--- START ---

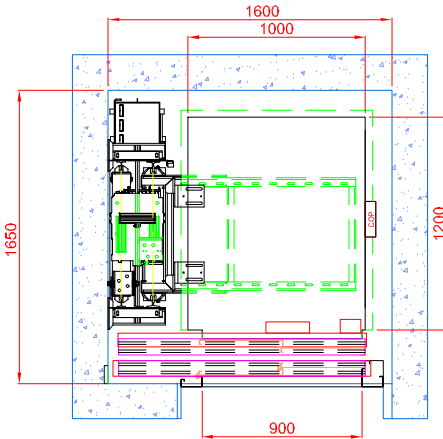

Maison Traction PLUS (Automatic Doors)

Masonry Shaft

1000mm X 1200mm CAR

SINGLE ENTRY

ADJACENT ENTRY

Through Car Option
Not Available

NOT FOR
CONSTRUCTION

INFINITY LIFTS

Infinitely Impressive

Project	Maison Traction PLUS - Masonry Shaft
Lift Type	Maison T PLUS 1000 x 1200mm Automatic Doors
Date	02/07/2019
Drawn By	KLEEMANN AUSTRALIA
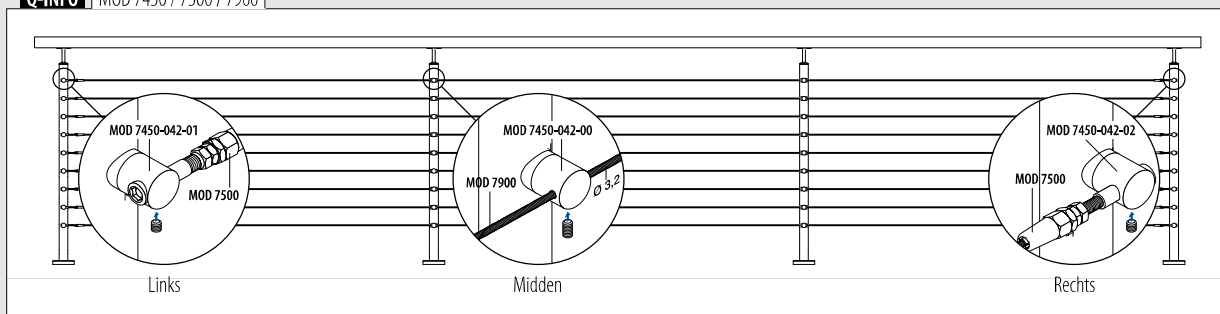

Voor vlakke buis
Links

MOD 7450

304	Geslepen		
INDOOR			
137450-000-01	QS-15 474		4

Voor ronde buis
Links

MOD 7450

304	Geslepen		
INDOOR	D		
137450-042-01	42,4	QS-15 474	4

316 Geslepen
OUTDOOR

147450-042-01	42,4	QS-16 474	4

Voor vlakke buis
Rechts

MOD 7450

304	Geslepen		
INDOOR			
137450-000-02	QS-15 474		4

Voor ronde buis
Rechts

MOD 7450

304	Geslepen		
INDOOR	D		
137450-042-02	42,4	QS-15 474	4

316 Geslepen
OUTDOOR

147450-042-02	42,4	QS-16 474	4

Voor vlakke buis
Midden

MOD 7450

304	Geslepen		
INDOOR			
137450-000-00	QS-15 474		4

Voor ronde buis
Midden

MOD 7450

304	Geslepen		
INDOOR	D		
137450-042-00	42,4	QS-15 474	4

316 Geslepen
OUTDOOR

147450-042-00	42,4	QS-16 474	4

MOD 7500

304	Geslepen		
INDOOR			
137500			4

316 Geslepen
OUTDOOR

147500			4

Q-INFO | MOD 7450 / 7500 / 7900

--- END ---

In the copy, no pictures should appear; the records themselves must be repeated exactly.

Maison Traction PLUS (Automatic Doors)

Masonry Shaft

1000mm X 1200mm CAR

SINGLE ENTRY

ADJACENT ENTRY

Through Car Option
Not Available

NOT FOR
CONSTRUCTION

INFINITY LIFTS

Infinitely Impressive

Project	Maison Traction PLUS - Masonry Shaft
Lift Type	Maison T PLUS 1000 x 1200mm Automatic Doors
Date	02/07/2019
Drawn By	KLEEMANN AUSTRALIA

Voor vlakke buis
Links

MOD 7450

304	Geslepen		
INDOOR			
137450-000-01	QS-15 474		4

Voor ronde buis
Links

MOD 7450

304	Geslepen		
INDOOR	D		
137450-042-01	42,4	QS-15 474	4

316 Geslepen
OUTDOOR

147450-042-01	42,4	QS-16 474	4

Voor vlakke buis
Rechts

MOD 7450

304	Geslepen		
INDOOR			
137450-000-02	QS-15 474		4

Voor ronde buis
Rechts

MOD 7450

304	Geslepen		
INDOOR	D		
137450-042-02	42,4	QS-15 474	4

316 Geslepen
OUTDOOR

147450-042-02	42,4	QS-16 474	4

Voor vlakke buis
Midden

MOD 7450

304	Geslepen		
INDOOR			
137450-000-00	QS-15 474		4

Voor ronde buis
Midden

MOD 7450

304	Geslepen		
INDOOR	D		
137450-042-00	42,4	QS-15 474	4

316 Geslepen
OUTDOOR

147450-042-00	42,4	QS-16 474	4

MOD 7500

304	Geslepen		
INDOOR			
137500			4

316 Geslepen
OUTDOOR

147500			4

Q-INFO | MOD 7450 / 7500 / 7900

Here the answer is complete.